Stored items:
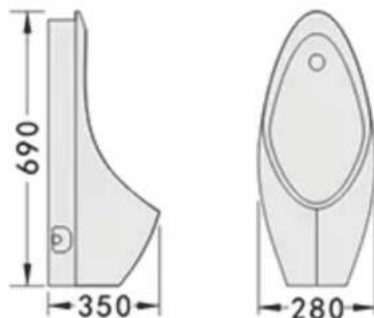

Bàn cầu 1 khối Rivington
 * Tiết kiệm nước 3/6 L
 * Xả thẳng, Nắp nhựa UF, đóng êm
 * Tâm xả S-trap 300-305mm
 * KT: 710*380*730mm
Giá: 7.400.000 VNĐ

- Original Design
- Anti-pollution
- Hygienic Glaze
- Antibacterial Coating
- Soft-closing Seat Cover
- 3 Inch Outlet Valve Fitting
- Water Saving
- Easy-Installation
- 5 Years Warranty
- Easy Detach

RVT-3116

Bàn cầu 1 khối Rivington
 * Xả thẳng, Nắp nhựa UF, đóng êm
 * Tâm xả S-trap 300-305mm
 * KT: 680*370*750mm
Giá: 9.600.000 VNĐ

- Original Design
- Anti-pollution
- Hygienic Glaze
- Antibacterial Coating
- Soft-closing Seat Cover
- 3 Inch Outlet Valve Fitting
- Water Saving
- Easy-Installation
- 5 Years Warranty
- Easy Detach
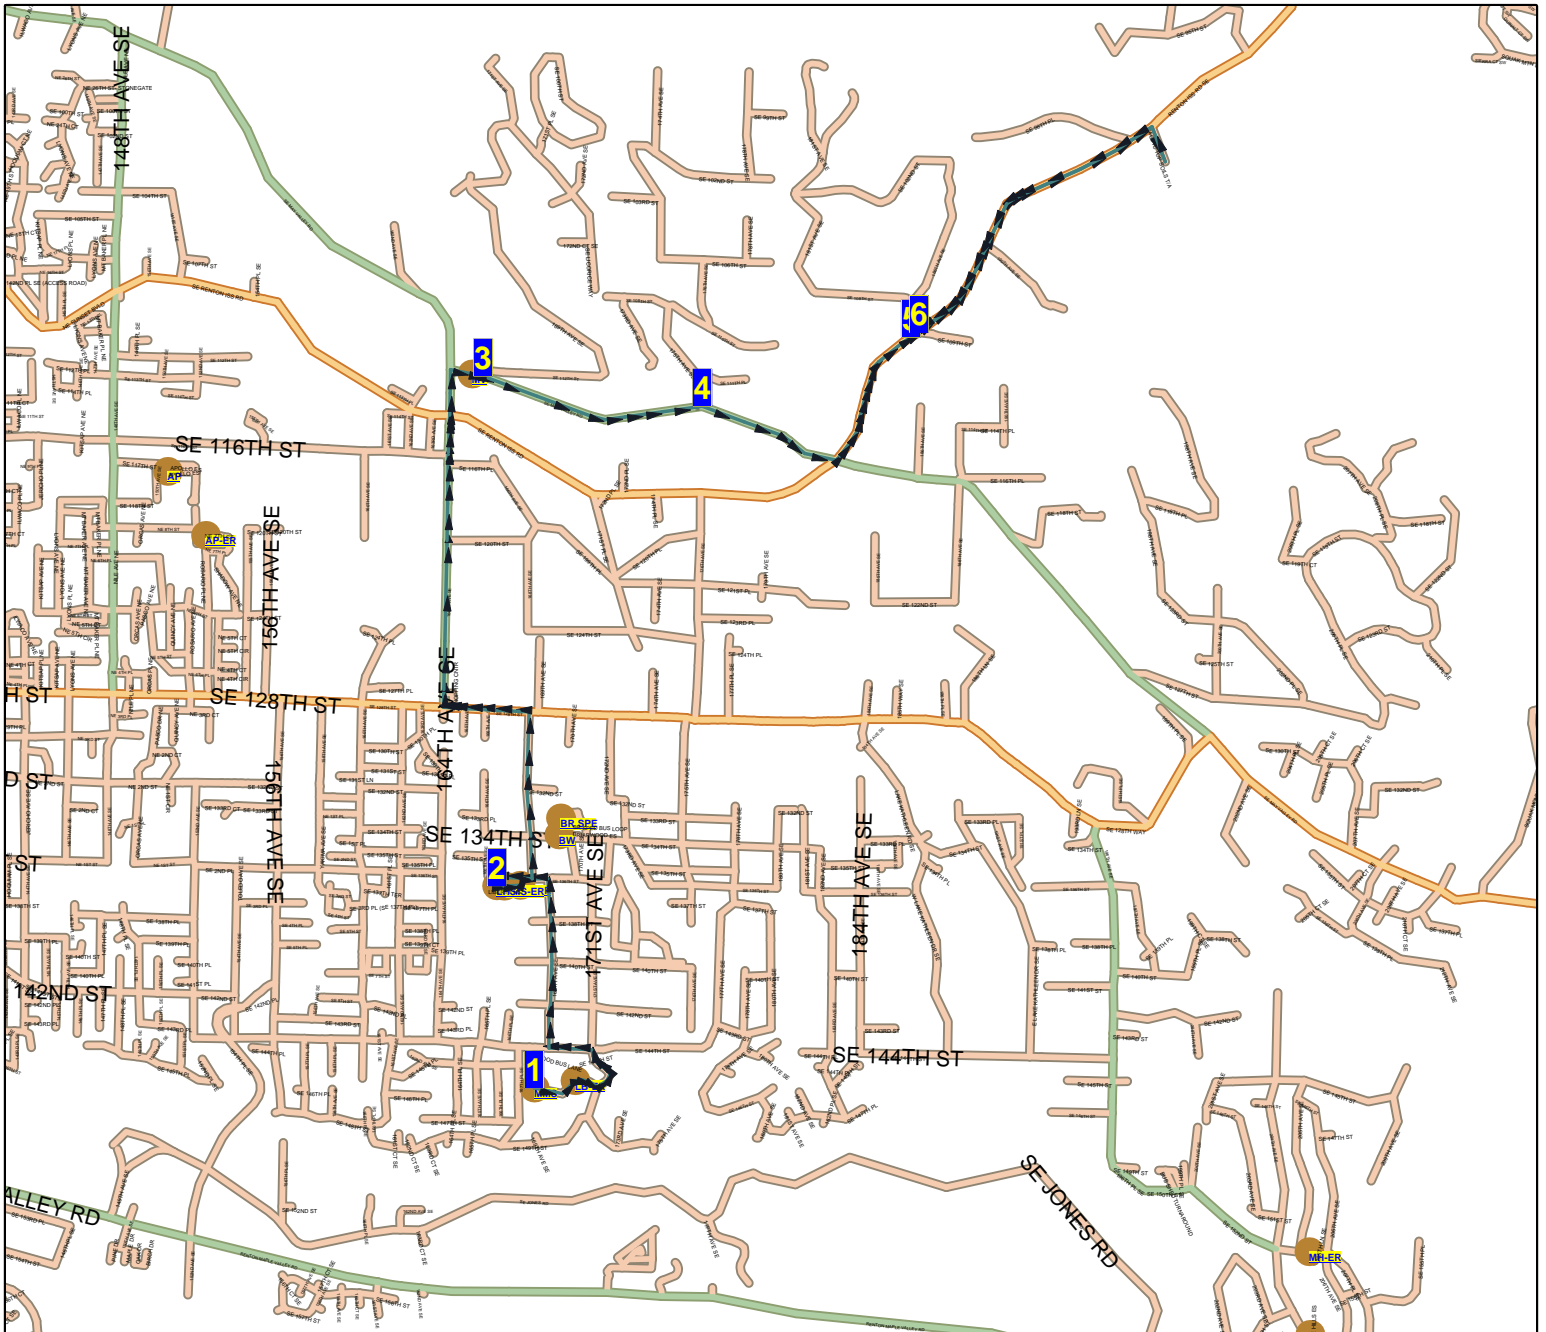

Issaquah School District 411 Route Map

Route: **13EDA**
Vehicle:
Anchor: **MMS**
Depart Time: **4:20 PM**
Dropoffs: **0**
Distance: **6.82 mi.**

Desc: **MWLB EDA 7**
Driver:
Max Load: **0**
End Time: **4:42 PM**
Transfers On: **0**
Transfers Off: **0**
Days: **MTHF Display Day:M**

WORK INSTRUCTION:
Each entry above should be returned exactly as written, minus its pictures.

OUTPUT OF THE TASK:
Bàn cầu 1 khối Rivington
 * Tiết kiệm nước 3/6 L
 * Xả thẳng, Nắp nhựa UF, đóng êm
 * Tâm xả S-trap 300-305mm
 * KT: 710*380*730mm
Giá: 7.400.000 VNĐ

- Original Design
- Anti-pollution
- Hygienic Glaze
- Antibacterial Coating
- Soft-closing Seat Cover
- 3 Inch Outlet Valve Fitting
- Water Saving
- Easy-Installation
- 5 Years Warranty
- Easy Detach

RVT-3116

Bàn cầu 1 khối Rivington
 * Xả thẳng, Nắp nhựa UF, đóng êm
 * Tâm xả S-trap 300-305mm
 * KT: 680*370*750mm
Giá: 9.600.000 VNĐ

- Original Design
- Anti-pollution
- Hygienic Glaze
- Antibacterial Coating
- Soft-closing Seat Cover
- 3 Inch Outlet Valve Fitting
- Water Saving
- Easy-Installation
- 5 Years Warranty
- Easy Detach

Issaquah School District 411 Route Map

Route: **13EDA**
Vehicle:
Anchor: **MMS**
Depart Time: **4:20 PM**
Dropoffs: **0**
Distance: **6.82 mi.**

Desc: **MWLB EDA 7**
Driver:
Max Load: **0**
End Time: **4:42 PM**
Transfers On: **0**
Transfers Off: **0**
Days: **MTHF Display Day:M**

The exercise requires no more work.